Problem description - Among the entries below, find the lines with the word "between" and copy them.

+ + + + + + +

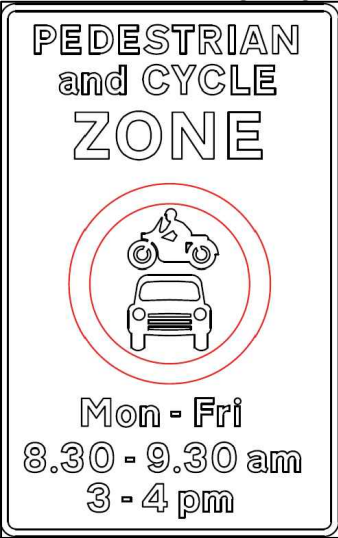

**ANPR  
Camera  
location**

**New no  
waiting and  
loading at any  
time**

**No access for motor  
vehicles Mondays to  
Fridays between  
8:30am and 9:30 am  
and between 3pm and  
4pm (during school  
term time)**

**New no  
waiting and  
loading at  
any time**

**ANPR  
Camera  
location**
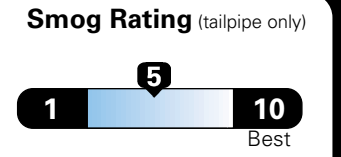

This vehicle emits 432 grams CO2 per mile. The best emits 0 grams per mile (tailpipe only). Producing and distributing fuel also creates emissions; learn more at fuelconomy.gov.

Actual results will vary for many reasons, including driving conditions and how you drive and maintain your vehicle. The average new vehicle gets 27 MPG and cost $7,500 to fuel over 5 years. Cost estimates are based on 15,000 miles per year at $2.70 per gallon. MPGe is miles per gasoline gallon equivalent. Vehicle emissions are a significant cause of climate change and smog.

fuelconomy.gov

Calculate personalized estimates and compare vehicles

+ + + + + + +

Task answer -
Fridays between  
and between 3pm and  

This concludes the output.